[Data shown — start]
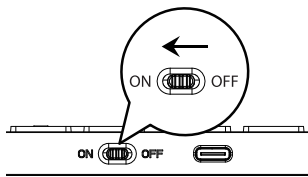

The third press backlight key, keyboard backlit up 100%;

The fourth press backlight key, turn off the backlit.

After opening the backlit, the backlit will auto off when keyboard has no operation for 2 minutes. Press any key to wake up.

- 2 Take out the receiver.

- 3 Plug the receiver to computer USB port, or to a tablet/computer with Type-C port, Connection completed.

Multi-media Function Keys

Key	Windows System	Mac OS System
	Mute	Mute
	Volume Down	Volume Down
	Volume Up	Volume Up
	Previous Track	Previous Track
	Play/Pause	Play/Pause
	Next Track	Next Track
	Light Decreased	Light Decreased
	Light Increased	Light Increased
	Multiwindow Display	Mission Center
	Return to Desktop	Display Desktop
	Copy	Copy
	Paste	Paste
	Save	Save
	Fn Lock	Fn Lock
	Switch to Windows	Switch to Windows
	Switch to Mac OS	Switch to Mac OS
	Search	Search
	Lock Screen	Lock Screen
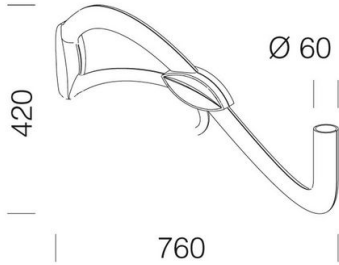

514 - Lucerna arm

Code: 991284-00

GENERAL INFORMATION

Article	514 - Lucerna arm
Code	991284-00

DIMENSIONS AND WEIGHT

Length (mm)	760 mm
Width (mm)	60 mm
Height (mm)	420 mm

arm in die-cast aluminium complete with power cable with PVC outer sheaths and double insulated conductors section 2x1 sqm. stainless steel screws.

514 - Lucerna arm

Code: 991284-00

514 - Lucerna arm

Code: 991284-00

MATERIALS AND COLOURS

Housing	arm in die-cast aluminium complete with power cable with PVC outer sheaths and double insulated conductors section 2x1 sqm. stainless steel screws.
Pole connection	.
Colour	Anthracite

WARRANTY

After sales warranty	0 yr
----------------------	------

DOWNLOAD

DESIGNS

TechnicalDrawing 514.dxf

TechnicalDrawing3D disano 514 lucerna.3ds

514 - Lucerna arm

Code: 991284-00
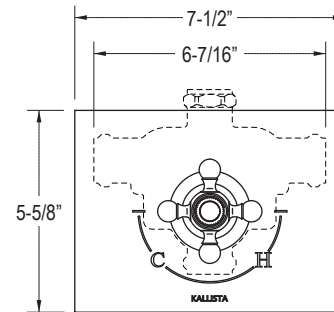

## FEATURES

P22152

- Brass Construction
- Available with Lever or Cross Handles
- Front Seal Plate Assembly

**P22152-CR**

**P22152-LV, P22152-BL**

SPECIFIED MODEL					
Model	Description	Finishes			
P22152-CR	Hampstead Horizontal Thermostatic Trim, Cross Handles	<input type="checkbox"/> CP Polished Chrome	<input type="checkbox"/> AD Nickel Silver	<input type="checkbox"/> AG Brushed Nickel	<input type="checkbox"/> BZ Bronze
P22152-LV	Hampstead Horizontal Thermostatic Trim, Lever Handles	<input type="checkbox"/> CP Polished Chrome	<input type="checkbox"/> AD Nickel Silver	<input type="checkbox"/> AG Brushed Nickel	<input type="checkbox"/> BZ Bronze
P22152-BL	Hampstead Horizontal Thermostatic Trim, Black Lever Handles	<input type="checkbox"/> CP Polished Chrome	<input type="checkbox"/> AD Nickel Silver	<input type="checkbox"/> AG Brushed Nickel	<input type="checkbox"/> BZ Bronze
Required Rough-in					
P29508-WS	3/4" Rough-in	<input type="checkbox"/> NA			
P29509-WS	1/2" Rough-in	<input type="checkbox"/> NA			
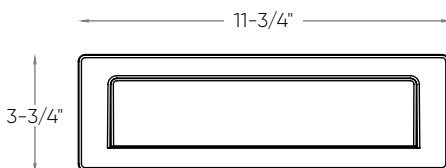

Model	Size	Watts	Delivered lumens	CRI	Color °T	Voltage
DCP-BRK12	12"	8 W	200 lm	80	RGB + 2200 K - 4000 K	24 V DC

Specifications

Excellent color rendering
Full color spectrum
2200K - 4000K in pure whites
Superior LED performance and lifespan
Can be recessed or surface mounted
Bluetooth mesh technology
40° beam angle
Dimmable through the Dals Connect app
Over 50,000 hours of service life
Suitable for wet locations
5-year warranty

Note

Add the DALS Connect Pro Core transformer for even greater flexibility: voice control, remote access, expanded mesh network.

Finish

● BK Black

Smart transformers

DCP-TR60-BK

60W, 120VAC 60Hz input, 24V DC output
low-voltage smart transformer

DCP-TR200-BK

200W, 120VAC 60Hz input, 24V DC output
low-voltage smart transformer

Download the Dals Connect app

Create groups
Set schedules
Remote access*
Compatible with Google Assistant and Amazon Alexa*

* Core needed

Accessories

DCP-PTR36

Plug-in driver

DCP-EXT6FT

6' extension cable

DCP-EXT20FT

20' extension cable

DCP-EXT-T

6" T-connector

DCP-BRK12

15/16"
[Data shown — finish]
Your assignment: Everything from the line with "Thermostatic Trim, Black" through the final line of the material is to be returned exactly, both ends included, apart from the pictures.

Output for this exercise:
P22152-BL	Hampstead Horizontal Thermostatic Trim, Black Lever Handles	<input type="checkbox"/> CP Polished Chrome	<input type="checkbox"/> AD Nickel Silver	<input type="checkbox"/> AG Brushed Nickel	<input type="checkbox"/> BZ Bronze
Required Rough-in					
P29508-WS	3/4" Rough-in	<input type="checkbox"/> NA			
P29509-WS	1/2" Rough-in	<input type="checkbox"/> NA			

Model	Size	Watts	Delivered lumens	CRI	Color °T	Voltage
DCP-BRK12	12"	8 W	200 lm	80	RGB + 2200 K - 4000 K	24 V DC

Specifications

Excellent color rendering
Full color spectrum
2200K - 4000K in pure whites
Superior LED performance and lifespan
Can be recessed or surface mounted
Bluetooth mesh technology
40° beam angle
Dimmable through the Dals Connect app
Over 50,000 hours of service life
Suitable for wet locations
5-year warranty

Note

Add the DALS Connect Pro Core transformer for even greater flexibility: voice control, remote access, expanded mesh network.

Finish

● BK Black

Smart transformers

DCP-TR60-BK

60W, 120VAC 60Hz input, 24V DC output
low-voltage smart transformer

DCP-TR200-BK

200W, 120VAC 60Hz input, 24V DC output
low-voltage smart transformer

Download the Dals Connect app

Create groups
Set schedules
Remote access*
Compatible with Google Assistant and Amazon Alexa*

* Core needed

Accessories

DCP-PTR36

Plug-in driver

DCP-EXT6FT

6' extension cable

DCP-EXT20FT

20' extension cable

DCP-EXT-T

6" T-connector

DCP-BRK12

15/16"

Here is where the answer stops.